18:01 That might be an interesting feature to put into RapidMinor, right? Learning curves? I’ll show you what it looks like for those curious. It’s a looping operator, so we’re just feeding in learning data, setting the roll, conditioning the data a certain way, and then we open up the loop right here. We’re bootstrapping data to create larger sample sizes, and then you’ll see that we split data, the cross-validation, and testing and then just simply doing some logging of the data and writing that out to an example set that we can then graph. And if you haven’t done this already, down here on the bottom left, if you can’t see that, you can save these configurations– yes?

18:50 How are you relating the R squared to the bias?

18:55 To the bias?

18:57 Like, I don’t get that.

18:57 Yeah, to the bias. Well, there’s an expectation, I can talk to you after, too, about it, but there’s an R squared expectation. What is it? Well, for our industry, linear assets, what is the R squared? Maybe for pharmaceuticals and for the airline industry, it’s set, you kind of know what those numbers are. For our business, the business I’m in, we don’t know. So it comes back–

19:21 How is that r squared every time in?

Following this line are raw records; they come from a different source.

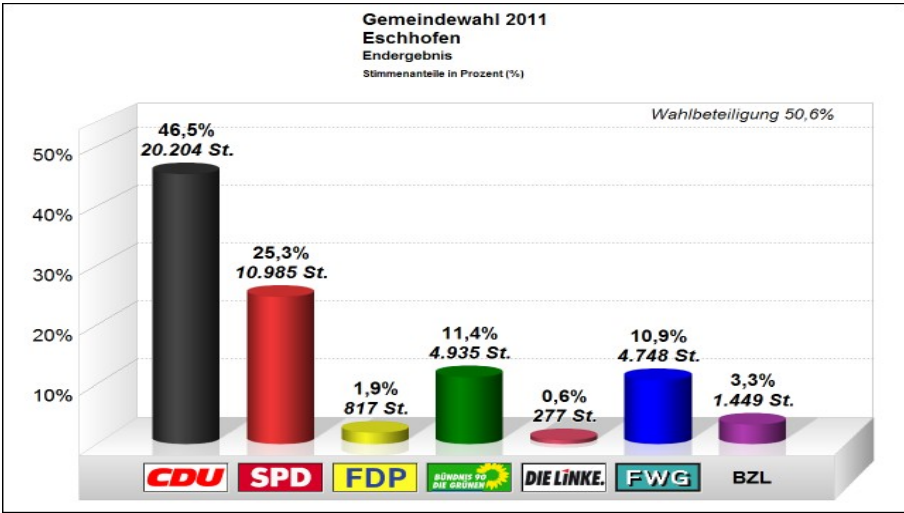

19.12.2014 19. Gemeindevahl 2011 in der Kreisstadt Limburg a. d. Lahn

Gesamtergebnis:

Teilergebnisse:

Limburg-Mitte = Limburg (Innenstadt), zwischen Lahn und Bahnlinie

Limburg-Süd 1 = Limburg (Innenstadt), zwischen Bahnlinie und Zeppelinstraße

Limburg-Süd 1 = Limburg (Innenstadt), südlich der Zeppelinstraße

19:25 It’s coefficient of determination. Yeah, yeah, yeah. But if you haven’t seen– if you want to save these visuals right here and not go through and set them up every time you can save these configurations. I put a little folder in RapidMiner to sort things on a kind of project by project basis. Just makes it really convenient so you don’t have to spend time making these things over and over again. I think two other things I’d like to show you, because this is kind of cool, at least I thought it was. Let’s do classification– yeah, right here, okay. I’m going to start running this thing right now. All right. So you see this explained predictions operator right here? What we’re interested in knowing is, given the prediction data that’s coming in, the data that we’re applying the model to, we want to see what the levels of importance are for all the features as we walk this asset. And if you’ve work with the explained predictions operator you’ll see it’s kind of a tall table. What we have to do is turn this to the side and look at the data kind of as it falls along linear along the pipeline. So it’s 86%.

20:41 So there’s some work that needs to be done in relating the IDs of the importance values with the IDs of the example sets that you’re working with so that you can get something that looks like this. Okay, and I’ll zoom in. All right. So probably too much detail to look at, but this is actually kind of useful to the people we work with, which is just showing walking along the linear asset, it’s been dynamically segmented. And at the bottom here, you can see the color coding for the levels of importance of the different data, how the features actually influence the predictions. And there’s the predictions are up here. They’re not showing right now, but the predictions would be up at the top, would show you the levels of confidence or the regress value. Now, you could zoom in and you can see, “Well, what is influencing that prediction?” So it’s providing some transparency into what’s really driving the results, okay? And this stuff Jeff and I worked on it at a RapidMiner. All right.